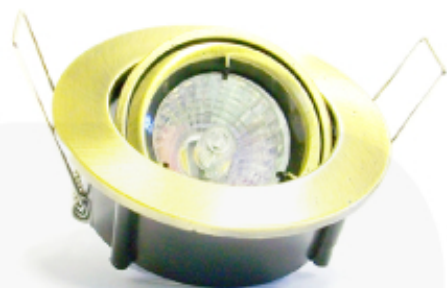

Information sheet

Downlight, DLLRT02 - Mini, Tilt

ANTIQUE BRASS

Suitable for indoor use, residential, cafe's, bars & shops, multiple applications

Also suitable for display cabinets

High quality finish

Strong spring clips

Easy lamp maintenance

Compatible with halogen & LED lamps
(Lamp not included)

Dimensions: approx mm

Specifications

Diecast aluminium, tilt

Lock ring

MR11

35w max

IP 20

Product Code

DLLRT02-BC	Brushed Chrome
DLLRT02-C	Chrome
DLLRT02-AB	Antique Brass
DLLRT02-W	White
DLLRT02-GM	Gun Metal/Black Chrome
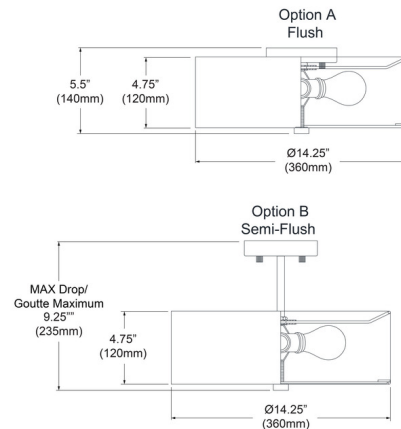

By Dainolite

Description

The Everly Flush / Semi-Flush Mount's sleek profile adds a contemporary touch to your space. Clean, geometric lines are the driving force behind the Everly's design. Place the Everly over the dining table, in the kitchen, or anyplace else in the home where a touch of sophistication is needed. May be mounted as a Flush Mount fixture or Semi-Flush Mount with included downrod.

Shown in satin chrome / white

Specifications

COLOR	White
BODY FINISH	Satin Chrome
WATTAGE	27W
DIMMER	Standard 120V
DIMENSIONS	14.25"W x 4.75"H x 14.25"D
BULB NOT INCLUDED	3 x A19/Medium (E26)/9W/120V LED
OTHER BULB OPTIONS	3 x A19/Medium (E26)/60W/120V Incandescent
COUNTRY OF ORIGIN	China
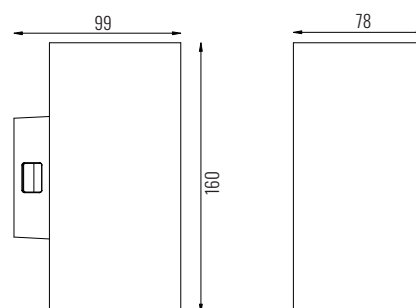

TECHNICAL DATA

**TYPE**

Professional LED for Exterior Lighting.

DIMENSION DRAW

Model:	Quatro
Format:	Square
Location:	Exterior
Wattage:	9W
Materials:	Aluminum
Led Color:	3000K
Product Dimension:	99*78*160mm
IP Code:	65
Fixation:	Wall
CRI :	80
Lumen Output:	900LM
Frequency:	50/60 Hz
Beam Angle:	L°
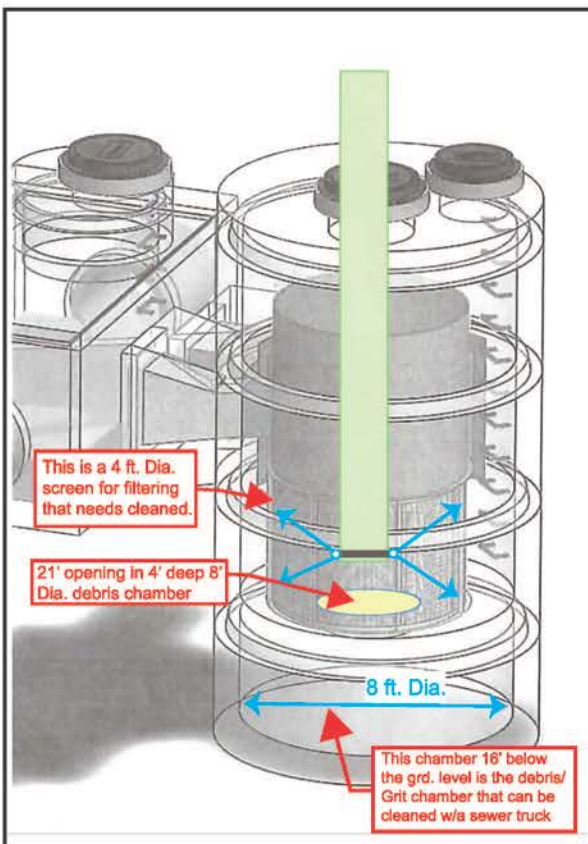

Introducing
Soil Surgeon Inc.
Storm Drain Separator Cleaner

X2

**Clean quickly,
efficiently and
safely eliminating
extra man hours**

**Now clean storm drain walls,
filter screens and basin bottom
using one tool in minutes**

- **Jets bore upward & outward for easy cleaning**
- **No man entry needed**
- **No awkward spray wand**

**For More Information and
a Free Video Demonstration:**

COE EQUIPMENT, INC.
5953 Cherry Street
Rochester, Illinois 62563
(217) 498-7200
www.coe-equipment.com
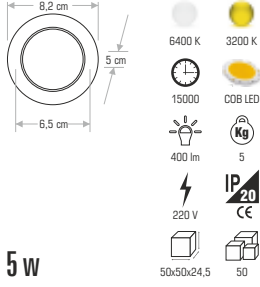

CT-5202 2" AKİK BEYAZ GÖVDE 17,00 ₺

COB LED ARMATÜRLER

CT-5203 2" AKİK BEYAZ GÖVDE 16,00 ₺

Yeni

5 w
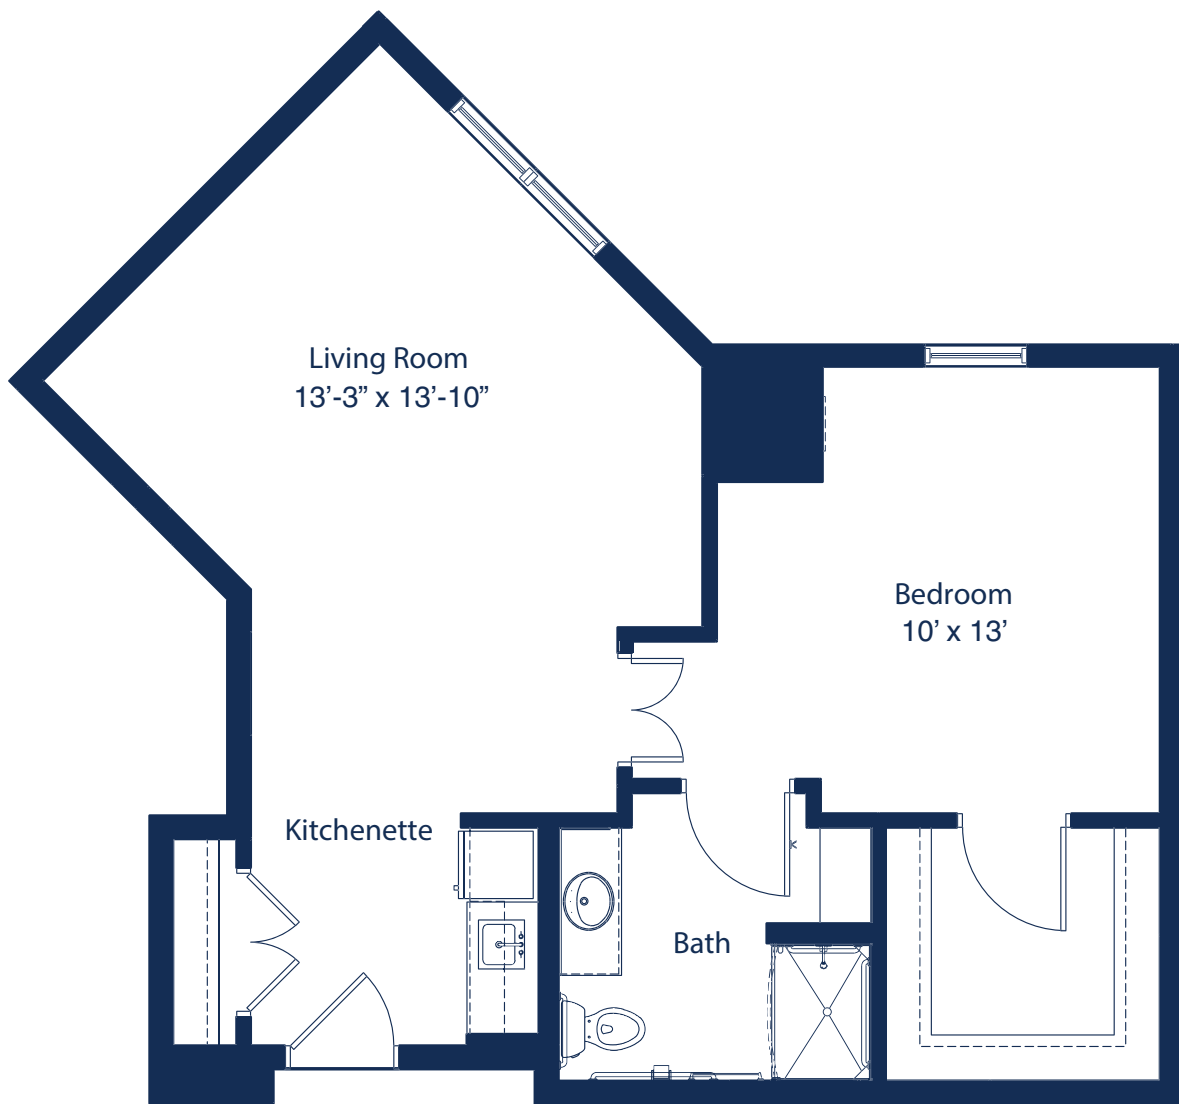

STERLING ESTATES

Senior Living Community

EAST COBB

Dover 3

1 BEDROOM DELUXE SUITE

APPROXIMATELY 719 SQUARE FEET

tel 678-946-4454 fax 678-946-4445 | 4220 Lower Roswell Rd. | Marietta, GA 30067

Floor plan illustrations are representative of the typical suite type. Size and orientation of the suite is dependent on the location within the building. Our standard floor plans are for illustration purposes only.

------------------------------------------------

→ Task objective: If a line holds a picture, skip the picture and transcribe the rest of the material exactly.

→ Response:
Information sheet

Downlight, DLLRT02 - Mini, Tilt

ANTIQUE BRASS

Suitable for indoor use, residential, cafe's, bars & shops, multiple applications

Also suitable for display cabinets

High quality finish

Strong spring clips

Easy lamp maintenance

Compatible with halogen & LED lamps
(Lamp not included)

Dimensions: approx mm

Specifications

Diecast aluminium, tilt

Lock ring

MR11

35w max

IP 20

Product Code

DLLRT02-BC	Brushed Chrome
DLLRT02-C	Chrome
DLLRT02-AB	Antique Brass
DLLRT02-W	White
DLLRT02-GM	Gun Metal/Black Chrome

By Dainolite

Description

The Everly Flush / Semi-Flush Mount's sleek profile adds a contemporary touch to your space. Clean, geometric lines are the driving force behind the Everly's design. Place the Everly over the dining table, in the kitchen, or anyplace else in the home where a touch of sophistication is needed. May be mounted as a Flush Mount fixture or Semi-Flush Mount with included downrod.

Shown in satin chrome / white

Specifications

COLOR	White
BODY FINISH	Satin Chrome
WATTAGE	27W
DIMMER	Standard 120V
DIMENSIONS	14.25"W x 4.75"H x 14.25"D
BULB NOT INCLUDED	3 x A19/Medium (E26)/9W/120V LED
OTHER BULB OPTIONS	3 x A19/Medium (E26)/60W/120V Incandescent
COUNTRY OF ORIGIN	China

TECHNICAL DATA

**TYPE**

Professional LED for Exterior Lighting.

DIMENSION DRAW

Model:	Quatro
Format:	Square
Location:	Exterior
Wattage:	9W
Materials:	Aluminum
Led Color:	3000K
Product Dimension:	99*78*160mm
IP Code:	65
Fixation:	Wall
CRI :	80
Lumen Output:	900LM
Frequency:	50/60 Hz
Beam Angle:	L°

Introducing
Soil Surgeon Inc.
Storm Drain Separator Cleaner

X2

**Clean quickly,
efficiently and
safely eliminating
extra man hours**

**Now clean storm drain walls,
filter screens and basin bottom
using one tool in minutes**

- **Jets bore upward & outward for easy cleaning**
- **No man entry needed**
- **No awkward spray wand**

**For More Information and
a Free Video Demonstration:**

COE EQUIPMENT, INC.
5953 Cherry Street
Rochester, Illinois 62563
(217) 498-7200
www.coe-equipment.com

CT-5202 2" AKİK BEYAZ GÖVDE 17,00 ₺

COB LED ARMATÜRLER

CT-5203 2" AKİK BEYAZ GÖVDE 16,00 ₺

Yeni

5 w

STERLING ESTATES

Senior Living Community

EAST COBB

Dover 3

1 BEDROOM DELUXE SUITE

APPROXIMATELY 719 SQUARE FEET

tel 678-946-4454 fax 678-946-4445 | 4220 Lower Roswell Rd. | Marietta, GA 30067

Floor plan illustrations are representative of the typical suite type. Size and orientation of the suite is dependent on the location within the building. Our standard floor plans are for illustration purposes only.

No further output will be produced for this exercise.